Pathophysiology of unilateral ischemia-reperfusion injury: importance of renal counterbalance and implications for the AKI-CKD transition.

Abstract

Unilateral ischemia-reperfusion (UIR) injury leads to progressive renal atrophy and tubulointerstitial fibrosis (TIF) and is commonly used to investigate the pathogenesis of the acute kidney injury-chronic kidney disease transition. Although it is well known that contralateral nephrectomy (CNX), even 2 wk post-UIR injury, can improve recovery, the physiological mechanisms and tubular signaling pathways mediating such improved recovery remain poorly defined. Here, we examined the renal hemodynamic and tubular signaling pathways associated with UIR injury and its reversal by CNX. Male Sprague-Dawley rats underwent left UIR or sham UIR and 2 wk later CNX or sham CNX. Blood pressure, left renal blood flow (RBF), and total glomerular filtration rate were assessed in conscious rats for 3 days before and over 2 wk after CNX or sham CNX. In the presence of a contralateral uninjured kidney, left RBF was lower (P < 0.05) from 2 to 4 wk following UIR (3.6 ± 0.3 mL/min) versus sham UIR (9.6 ± 0.3 mL/min).
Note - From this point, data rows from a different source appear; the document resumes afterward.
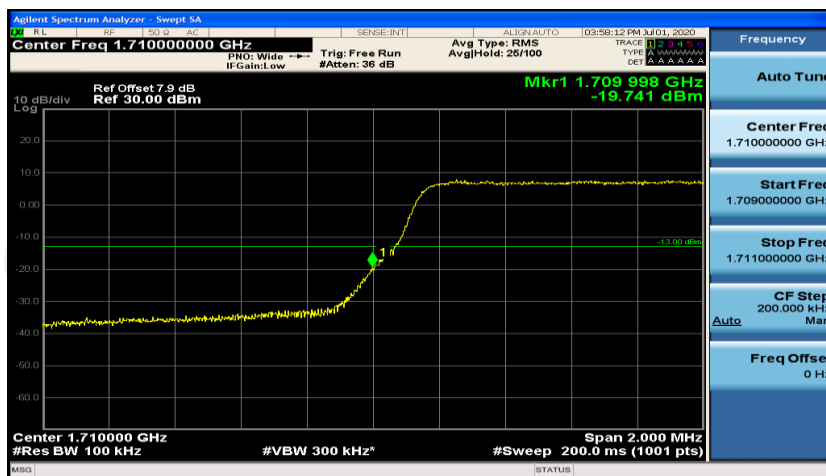

Appendix D: Band Edge

Test Graphs

Channel Bandwidth: 1.4 MHz

(Channel Bandwidth: 1.4 MHz)_LCH_QPSK_6RB#0

(Channel Bandwidth: 1.4 MHz)_HCH_QPSK_6RB#0

(Channel Bandwidth: 1.4 MHz)_LCH_16QAM_6RB#0

(Channel Bandwidth: 1.4 MHz)_HCH_16QAM_6RB#0

Channel Bandwidth: 3 MHz

(Channel Bandwidth: 3 MHz)_LCH_QPSK_15RB#0

(Channel Bandwidth: 3 MHz)_HCH_QPSK_15RB#0

(Channel Bandwidth: 3 MHz)_LCH_16QAM_15RB#0

(Channel Bandwidth: 3 MHz)_HCH_16QAM_15RB#0

Channel Bandwidth: 5 MHz
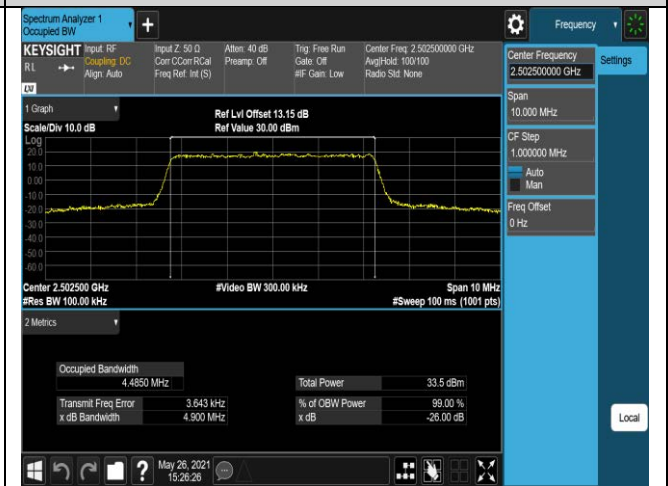

Band7-5MHz-16QAM-20775-25RB#0

Band7-5MHz-16QAM-21425-25RB#0

Without CNX, extensive renal atrophy, TIF, and tubule dedifferentiation, but minimal pimonidazole and hypoxia-inducible factor-1α positivity in tubules, were present at 4 wk post-UIR injury. Conversely, CNX led (P < 0.05) to sustained increases in left RBF (6.2 ± 0.6 mL/min) that preceded the increases in glomerular filtration rate. The CNX-induced improvement in renal function was associated with renal hypertrophy, more redifferentiated tubules, less TIF, and robust pimonidazole and hypoxia-inducible factor-1α staining in UIR injured kidneys. Thus, contrary to expectations, indexes of hypoxia are not observed with the extensive TIF at 4 wk post-UIR injury in the absence of CNX but are rather associated with the improved recovery of renal function and structure following CNX.